Durante milénios, em todo o mundo, várias tribos religiosas foram informadas de que eram Povo Escolhido® do Único Deus Verdadeiro® sob o ataque do resto do mundo maléfico. É por isso que até hoje se opõem à ciência, à sátira, ao pensamento crítico, à arte, à história – qualquer tipo de pensamento livre que ameace as suas preciosas crenças. Querem que o universo seja minúsculo e simples e se sintam todos seguros sob o controlo de um pai autoritário. Essa visão do mundo desajeitada, primitiva, infantil é que está sob ataque. Essa ilusão confortável é que é posta em causa pelo peso absoluto do nosso incrível, belo, terrível, espantosamente vasto e maravilhoso universo.

Que diria aos nossos leitores para excitar a sua curiosidade de lerem o livro?
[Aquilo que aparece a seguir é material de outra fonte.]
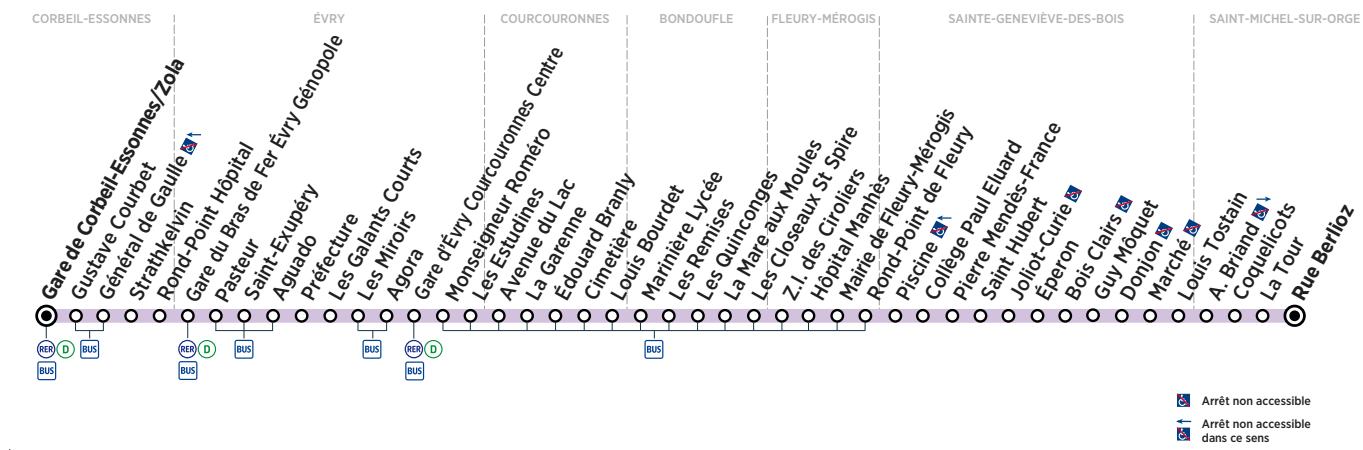

CORBEIL-ESSONNES	Gare de Corbeil-Essonnes/Zola	20:36	20:51	21:08	21:24	21:39	22:01	22:24	22:41	22:56	23:26
ÉVRY	Gare du Bras de Fer Évry Génopole	20:43	20:58	21:15	21:31	21:46	22:08	22:31	22:48	23:03	23:33
	Gare d'Évry Courcouronnes Centre	20:52	21:07	21:24	21:39	21:54	22:16	22:39	22:56	23:11	23:41
BONDOUFLE	Marinière Lycée	21:08	21:23	21:40	21:55	22:08	22:29	22:52	23:09	23:24	23:54
STE-GENEVIÈVE-DES-BOIS	Piscine	21:19	21:34	21:51	22:06	22:19	22:40	23:03	23:20	23:35	0:05
	Marché	21:28	21:43	22:00	22:14	22:27	22:48	23:11	23:28	23:43	0:13
ST MICHEL-SUR-ORGE	Rue Berlioz	21:32	21:47	22:04	22:18	22:31	22:52	23:15	23:32	23:47	0:17

Horaires valables du 16 juillet au 26 août 2018

ZONE 5

Samedi

CORBEIL-ESSONNES	Gare de Corbeil-Essonnes/Zola	5:09	5:51	6:22	6:51	7:16	7:37	8:07	8:39	9:09	9:36	10:03	10:34	11:05
ÉVRY	Gare du Bras de Fer Évry Génopole	5:15	5:58	6:29	6:58	7:23	7:44	8:14	8:46	9:16	9:45	10:13	10:44	11:15
	Gare d'Évry Courcouronnes Centre	5:23	6:06	6:37	7:06	7:31	7:53	8:23	8:55	9:25	9:54	10:25	10:56	11:27
BONDOUFLE	Marinière Lycée	5:36	6:19	6:51	7:22	7:47	8:09	8:40	9:12	9:41	10:10	10:41	11:12	11:43
STE-GENEVIÈVE-DES-BOIS	Piscine	5:47	6:30	7:02	7:33	7:59	8:21	8:52	9:24	9:53	10:22	10:53	11:24	11:55
	Marché	5:54	6:37	7:10	7:41	8:08	8:30	9:02	9:34	10:03	10:33	11:04	11:35	12:06
ST MICHEL-SUR-ORGE	Rue Berlioz	5:57	6:40	7:13	7:44	8:12	8:34	9:06	9:38	10:07	10:37	11:08	11:39	12:10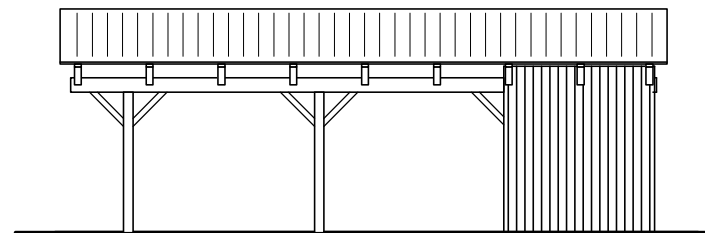

# JA carport - type CB 261

## Materialebeskrivelse for basismodel

Stolper i carport	120 x 120 mm høvlet trykimpr.
Stolper i skur	125 x 125 mm ru trykimpr.
Remme	45 x 195 mm høvlet konstruktions træ (ikke trykimpr.)
Spær	90 x 200 mm buet limtræ (ikke trykimpr.)
Sternbrædder	Ingen (tilkøb)
Vindskeder, buet	Ingen (tilkøb)
Tagbeklædning	Rias trapez hvid 2000pc polycarbonat
Skurbeklædning	1 på 2 beklædning af 16 x 100 mm ru trykimpr. brædder (lodret)
Dør	Bygselv revlisesvingdør (tegninger er vist uden dørplacering)

Facade - venstre

Facade - højre

Front gavlf

Bagside gavlf

JA Carporte er et koncept for selvbyggere, hvor vi leverer et komplet byggesæt indeholdende alt fra træ og tagbeklædning til alle nødvendige beslag, skruer og søm, samt byggevejledning i form af tegninger og beskrivelse. Stolper sættes 90 cm i jorden (beton til støbning er ikke medregnet i basisprisen). Vi tilbyder ikke montering.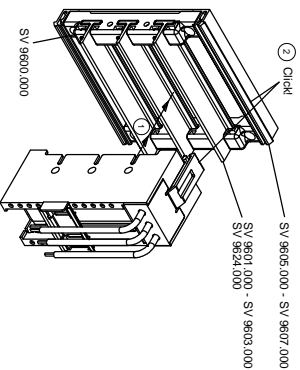

Montage / Assembly / Montage

Demontage / Disassembly / Démontage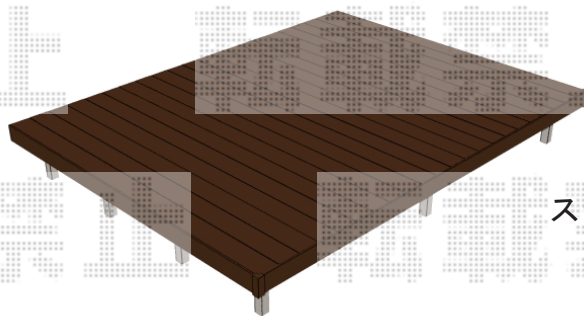

## ウッドデッキ 施工概略図

LIXIL (TOEX) 樹ら楽ステージ

間口= 約4,000mm

出幅= 約3,000mm

色： クリエモカA

床板： 標準(溝なし)/縦貼り

幕板： 幕板B (薄)

束柱： 束柱Aセット(550mm) (色： オータムブラウン)

LIXIL 樹ら楽ステージ用独立ステップ×1台

色： 床材： クリエモカA / 束柱： オータムブラウン

ステップは反映しておりません

2018-5-496281

担当者

木附

エクスショップ

現場状況や作図制限により概略図の内容と多少の違いが生じることがございます。  
施工時は、現場優先とさせて頂きたく思いますので、お立会い頂き、最終のご指示のほど、何卒、宜しくお願い致します。  
全ての著作権はエクスショップに帰属します。当社とのお取引目的以外の使用・複製・転載は如何なる場合も禁止しております。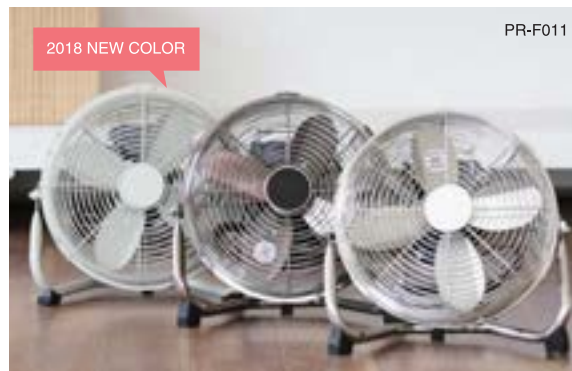

2018 NEW COLOR

PR-F011

Nailed simplesmente mostra dez formas pelas quais a história que sempre foi contada sobre Jesus não passa no teste da realidade. É uma leitura fácil, divertida, informativa e uma boa introdução aos sérios argumentos da teoria do mito de Jesus. Se tem um amigo ou parente que acha que sabe o que Jesus pretende da sua vida, este livro vai dar-lhe algumas ferramentas úteis que o ajudarão a questionar essa certeza!

2 comentários:

  1. A DÚVIDA É A MAIOR DE TODAS AS FERRAMENTAS PARA SE QUESTIONAR O INDECIFRÁVEL. SOU CRISTÃO POR HERANÇA MAS SEMPRE ME POSICIONEI NO SENTIDO DA NÃO EXISTÊNCIA DESTE SER "IDEAL" E MARAVILHOSO CHAMADO JESUS CRISTO. SOU EXTREMAMENTE CÉTICO A RESPEITO DAS COISAS DO SER ENQUANTO SER.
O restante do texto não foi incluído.